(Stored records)
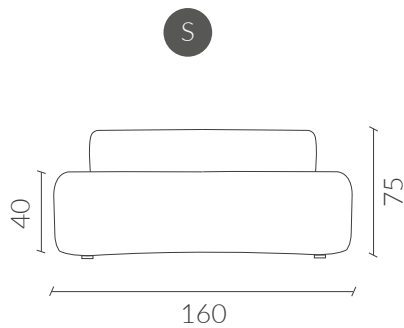

## Limpieza

Retirar el exceso de residuo vertido sobre la tapicería.

Aplicar agua sobre la mancha, de forma directa o bien con un paño absorbente mojado y escurrido. Espere unos segundos.

Presione sobre la mancha con el paño y frote suavemente sobre el tejido con movimientos circulares. Si la mancha no desaparece del todo, vuelva a repetir el proceso las veces que sea necesario.

### Dimensiones Vista Frontal

### Vista Lateral

Dimensiones  
Vista Superior

S

M

L

Vista en proyección

## Tabla medidas

	Small	Medium	Large
Largo	160	190	230
Altura	75	75	75
Profundidad	100	100	100

[www.nestathome.cl](http://www.nestathome.cl)

 @nest\_athome

* _ABOUT THIS EXERCISE_
The expected output is the lines from the one holding "## Tabla medidas" through the last line of the data, exactly as they appear, with nothing before or after.

* _COMPLETED EXERCISE_
## Tabla medidas

	Small	Medium	Large
Largo	160	190	230
Altura	75	75	75
Profundidad	100	100	100

[www.nestathome.cl](http://www.nestathome.cl)

 @nest\_athome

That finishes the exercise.